§ SOURCE MATERIAL:
..............................
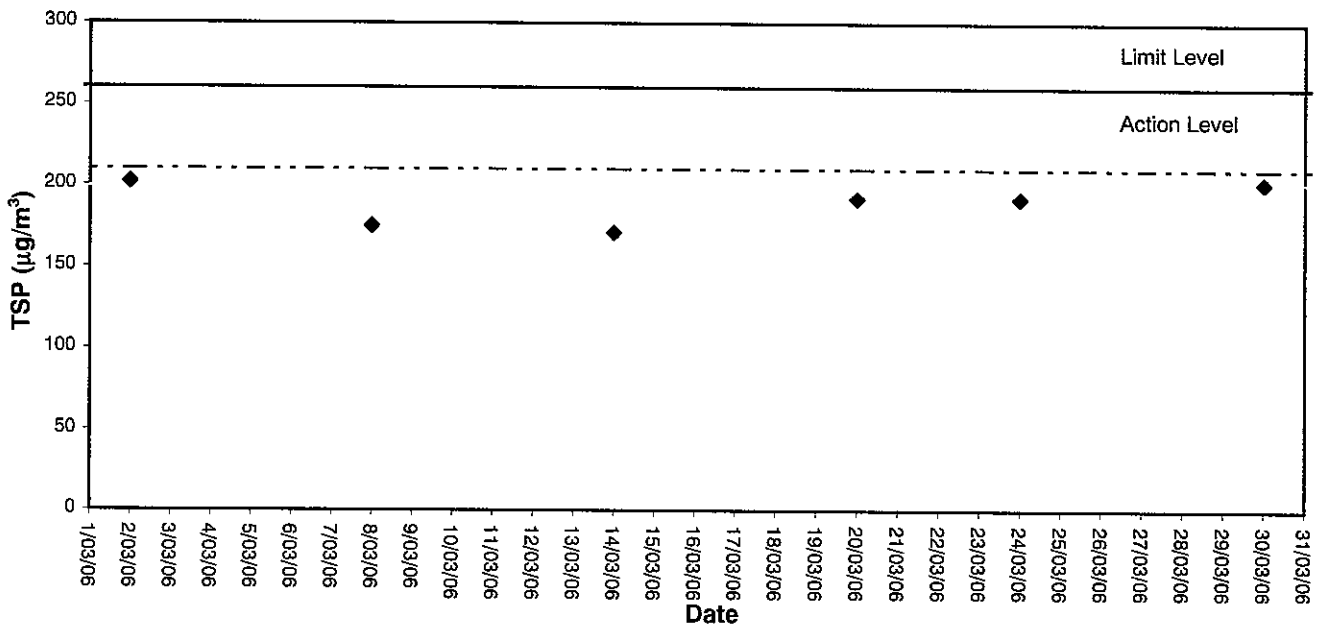

1-hour TSP level at AA1 (Outside CEDD Site Office)

1-hour TSP level at AA2 (Site Egress)

24-hour TSP level at AA1 (Outside CEDD Site Office)

24-hour TSP level at AA2 (Site Egress)
..............................
§ TASK STATEMENT:
The answer should consist of every line from the listing above that includes the word "CEDD".

§ SOLUTION TO THIS EXERCISE:
1-hour TSP level at AA1 (Outside CEDD Site Office)
24-hour TSP level at AA1 (Outside CEDD Site Office)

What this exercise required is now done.